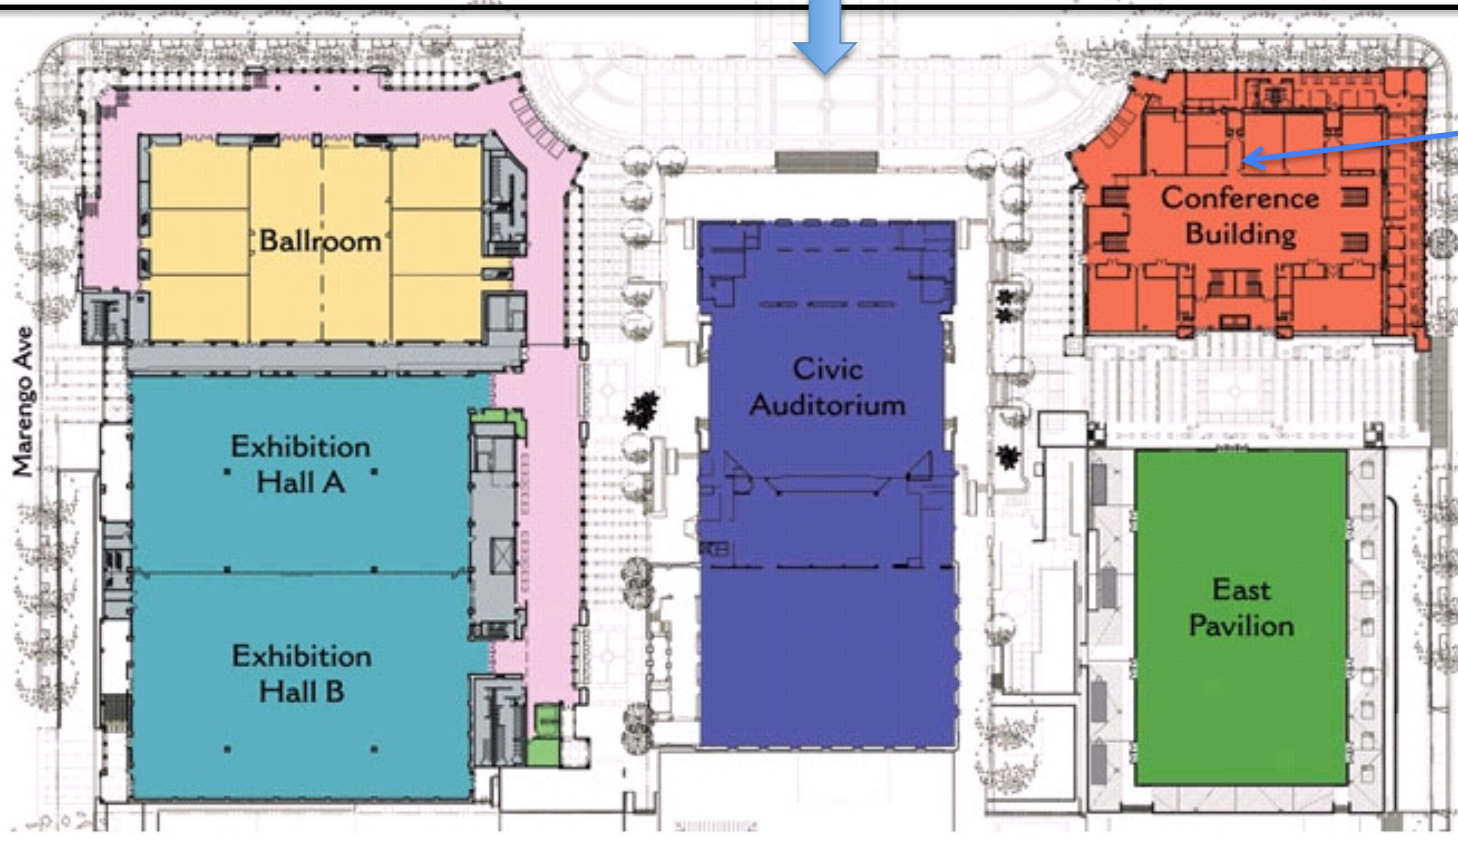

# Map of Pasadena Convention Center

300 E. Green St.

*Paseo Colorado shops and restaurants*

Green St. (one way)

Bus pickup and drop-off for Wednesday afternoon trips and bus to Thursday evening banquet in front of Civic Auditorium

To Los Robles Ave., Hilton and Westin Hotels

LTD-15 will meet in the conference building lower level

Pasadena Sheraton

Entrance to parking garage off Euclid; \$10 per day

Euclid Ave.
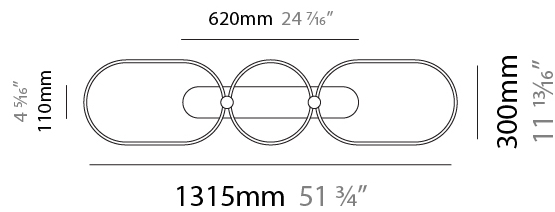

NONAME SURFACE

D42093-

base number   LED Dimming   Color Temperature   Finish Options

PROJECT
TYPE
SPECIFIER
QUANTITY
DATE

1. To build a product code in our configurator select the specify button on the base model # product page
2. To build a manual product code on this datasheet choose from the options listed below in blue font and add the suffix to the base model #

GENERAL

Series: NoName
Partner: Icone
Division: Design
Installation: Surface
Product Type: Ceiling Surface
Mounting Location: Ceiling
Light Distribution: Direct / Indirect

PHYSICAL

Shape: Abstract
Length (mm): 1315
Length (in): 51 3/4
Width (mm): 300
Width (in): 11 13/16
Height (mm): 30
Height (in): 1 3/16
[Fixture Finish: BLK / WHB / WHW / BKB / BRA / SBS](#)
Fixture Material: Aluminum

ELECTRICAL

Lamp Type: LED
Input Wattage (W): 41.6
[Dimming: Phase Dimming / 0-10V Dimming](#)
Driver Included: Yes
Driver Location: Integrated
Driver Class: Class 2
Input Voltage (V): 120 - 277
Output Voltage (V): 24

LED

[Color Temperature (°K): 2700 / 3000](#)
Max. Delivered Lumen (lm): 5700 / 5800
CRI: >80 CRI
Lamp Life (hrs): 50000

OPTICAL

RATINGS AND CERTIFICATIONS

Certified By: Certified for North American Standards
IP rating: IP20

※

WORK ORDER:
A faithful copy of the lines from the line containing "Height (in): 1 3/16" to the end of the data should be set down, both ends included, and nothing more.

RESULT FOR THIS EXERCISE:
Height (in): 1 3/16
[Fixture Finish: BLK / WHB / WHW / BKB / BRA / SBS](#)
Fixture Material: Aluminum

ELECTRICAL

Lamp Type: LED
Input Wattage (W): 41.6
[Dimming: Phase Dimming / 0-10V Dimming](#)
Driver Included: Yes
Driver Location: Integrated
Driver Class: Class 2
Input Voltage (V): 120 - 277
Output Voltage (V): 24

LED

[Color Temperature (°K): 2700 / 3000](#)
Max. Delivered Lumen (lm): 5700 / 5800
CRI: >80 CRI
Lamp Life (hrs): 50000

OPTICAL

RATINGS AND CERTIFICATIONS

Certified By: Certified for North American Standards
IP rating: IP20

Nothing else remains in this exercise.